[Opening Records for this exercise section]

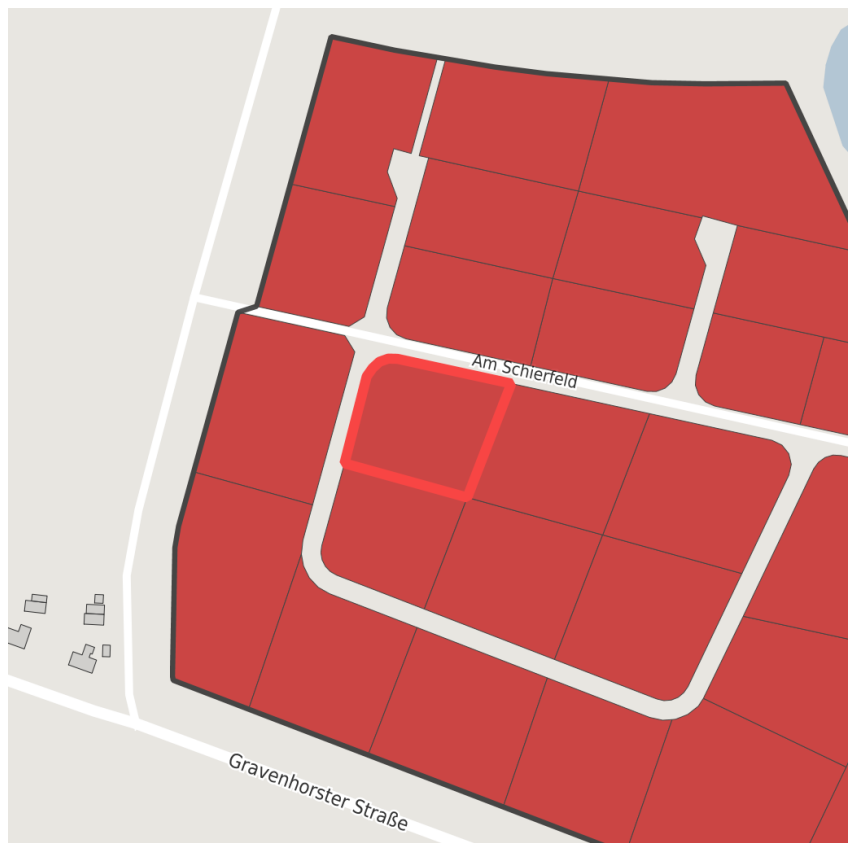

Factsheet parcel

Designation	Gewerbegebiet Schierloh (No. 051)
Area size	5,753 m ²
City / district	Ibbenbüren, Steinfurt

Map view

Location in germany

Location in municipality

Detail view

© [OpenStreetMap](#) contributors. Map view subject to exact measurement.

Availabilities

Immediately available area	Available area within short term (< 2 years)	Available area within medium term (2-5 years)	Available area within Long term (> 5 years)
Not available area			

Other areas

Private ownership	Water area	Rail area	Street area
Green area	Living space	disposal/supply infrastructure	Other Area

Parcel

Area size	5,753 m ²
Price	On Demand
Availability	Immediately available area
Area designation	Commercial zone
Divisible	Yes
24h operation	No

Commercial zone

Location	Outskirts
Regional important?	No

Transport connections

			Distance	
			[km]	[min]
Freeway	A 30		0.7	1
Highway	Kreisstraße direkt		0.0	0
	Landstraße direkt		0.0	0
	219		4.0	10
Airport	Münster/Osnabrück		20.0	20
Port	Dortmund-Ems-Kanal		8.0	15
Rail freight	Rheine		25.0	25
Public transport	Ibbenbüren		4.0	10

[Closing Records for this exercise section]

▶ Directions for this task: Only the line containing "Schierloh (No. 051)" and the lines after it, up to and including the last line of the data, should appear in the answer, exactly as written.

▶ Written answer:
Designation	Gewerbegebiet Schierloh (No. 051)
Area size	5,753 m ²
City / district	Ibbenbüren, Steinfurt

Map view

Location in germany

Location in municipality

Detail view

© [OpenStreetMap](#) contributors. Map view subject to exact measurement.

Availabilities

Immediately available area	Available area within short term (< 2 years)	Available area within medium term (2-5 years)	Available area within Long term (> 5 years)
Not available area			

Other areas

Private ownership	Water area	Rail area	Street area
Green area	Living space	disposal/supply infrastructure	Other Area

Parcel

Area size	5,753 m ²
Price	On Demand
Availability	Immediately available area
Area designation	Commercial zone
Divisible	Yes
24h operation	No

Commercial zone

Location	Outskirts
Regional important?	No

Transport connections

			Distance	
			[km]	[min]
Freeway	A 30		0.7	1
Highway	Kreisstraße direkt		0.0	0
	Landstraße direkt		0.0	0
	219		4.0	10
Airport	Münster/Osnabrück		20.0	20
Port	Dortmund-Ems-Kanal		8.0	15
Rail freight	Rheine		25.0	25
Public transport	Ibbenbüren		4.0	10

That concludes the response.